Another problem was that Net Working Capital (which is usually described as Total Current Assets - Total Current Liabilities), is occasionally negative. That's sometimes good (e.g. you receive cash from your customers faster than you need to pay your suppliers), sometimes bad (i.e. you don't have enough money to pay your suppliers or creditors), sometimes, it's simply a temporary issue. I set Net Working Capital to zero for the purpose of calculating the Return on Capital.

Another question is whether to include 'Intangible Assets' or not in the return on capital calculation. The book says to exclude Goodwill, while the Magic Formula site FAQ says 'Intangible assets are excluded as described in detail in the book'. Yahoo income statements break out 3 lines for this purpose - Goodwill, Intangible Assets, and Accumulated Amortization. Excluding Goodwill is obvious. I decided to include Intangible Assets, as this frequently seems to be more of the capitalized software purchases. I ignored Accumulated Amortization for 2 reasons: 1. It is almost always 0 on Yahoo, and 2. I can't tell what is amortized - goodwill or intangible assets.

With EBIT, I decided to back out non-recurring expenses & other income/expenses net. Usually this was reasonable - other income was very small, and non-recurring was really non-recurring & non-cash. It's not really clear in the book what should be done.

The book mentions determining excess cash and eliminating it from net working capital. I figured excess cash when total current assets are 2 times total current liabilities and allocated any cash available to that. I also used that number when calculating EV (rather than just adding raw cash). In future, I may revisit this calculation & consider cash, short term investments vs. short term or current portion of debt payable, etc.
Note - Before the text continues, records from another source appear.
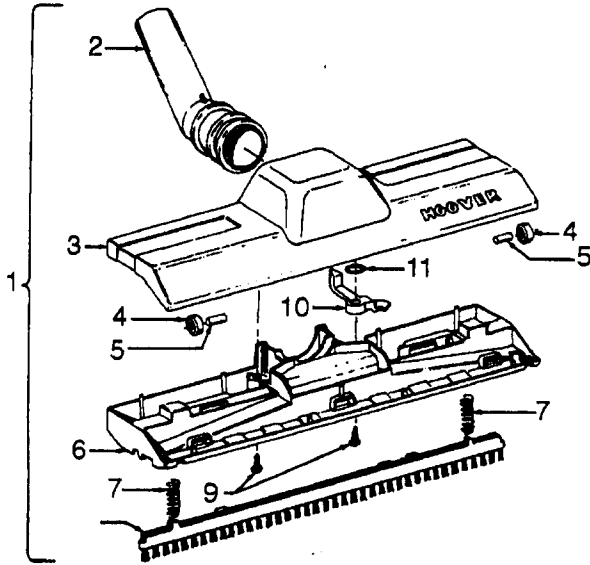

Rug & Floor Nozzle

Ref. No.	Part No.	Description
1	43414121	+ Standard Rug & Floor Nozzle Assem. - AAP
	43414139	+ Standard Rug & Floor Nozzle Assem. - AAP
	43414140	Standard Rug & Floor Nozzle Assem. - ABE (S3393-020, S3521)
	0M114169	Standard Rug & Floor Nozzle - ABX - S1221, S1315, S1337, S3393-040
	43414170	+ Standard Rug & Floor Nozzle AG - S1339, S3547
	43414172	Standard Rug & Floor Nozzle - AG
2	38646039	Nozzle Tube - AG
3	38615153	+ Rug & Floor Nozzle - AAP
	38615182	Rug & Floor Nozzle - ABE S3393-020, S3521, S1339, S3547, S1221, S1315, S1337
4	38521018	Roller (2) (Nozzle 43414172 req's 4)
5	31511004	Roller Axle - AY (2) (Nozzle 43414172 req's 4)
6	36414018	Brush Housing S1221, S1315, S1337
7	166649FW	Spring (2)
8	48443003	Brush Back Assem. - AG
9	21447203	Screw - Self Tapping (2)
10	38454004	Brush Back Lever - MV
	38454006	+ Brush Back Lever - ABN S3393-020, S3521, S1221 S1339, S3547
11	21329105	+ Felt Washer

Ref. No.	Part No.	Description
1	43414101	+ Deluxe Rug & Floor Nozzle Assem. - AAP
2	38646045	Nozzle Connector - AAP
3	43244043	Wheel & Bearing Assem. (2)
4	38511016	Wheel Bearing - AAT (2)
5	38615180	Rug & Floor Nozzle - AAP
6	38521018	Roller (2)
7	31511004	Roller Axle - AY (2)
8	38451008	Slider - AG
9	36414013	+ Brush Housing - MV
10	166649FW	Spring (2)
11	48443004	Brush Back Assem. - AG
12	21447203	Screw - Self Tapping (3)
13	34122013	+ Seal (2)
14	38434015	Pedal - MV

The book doesn't really recommend how this should be determined.

I can see some problems with the data selection when using the 'most recent balance sheet' and 'latest 12 months'. This is what is specified in the book, and I did the same, most recent quarter for balance sheet & summing quarterly returns for EBIT related values. There are some obvious problems with this, for example, if a company assumes a significant amount of debt during the year and the EBIT values for the earlier quarters are not really representative of the full year. Another example of this problem would be a company that has cycles during the year. I can probably flag this condition in the future.

I only filtered out Financial Sector & Health Care Plans. It might also be smart to filter out cyclics, since the ROC at either the years during the high or low points of the cycle would not be representative of the ROC that you expect when you buy. Another example of companies that should be filtered out are 'pseudo' finance companies, for example auto dealers or home builders. These companies are harder to identify. Another example would be the "one or two" big quarter companies - like movie studios or certain other entertainment companies - DWA and MVL comes to mind.
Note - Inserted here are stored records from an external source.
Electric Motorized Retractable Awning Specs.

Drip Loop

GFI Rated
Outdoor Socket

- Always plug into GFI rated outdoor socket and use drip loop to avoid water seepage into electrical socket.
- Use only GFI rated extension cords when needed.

But after all those problems, it does seem like a great screening tool at least. I haven't signed up for the Magic Formula Investing site yet, but I will shortly. For the S&P 500 scan, I'd not have too much trouble with the buying top 20 or 30. And it does bring some very interesting companies that I haven't looked at lately - HRB, SHW, DGX, MAT, LIZ - all of which seem to be those Buffett-like companies that never really get super cheap, but might be cheap enough now.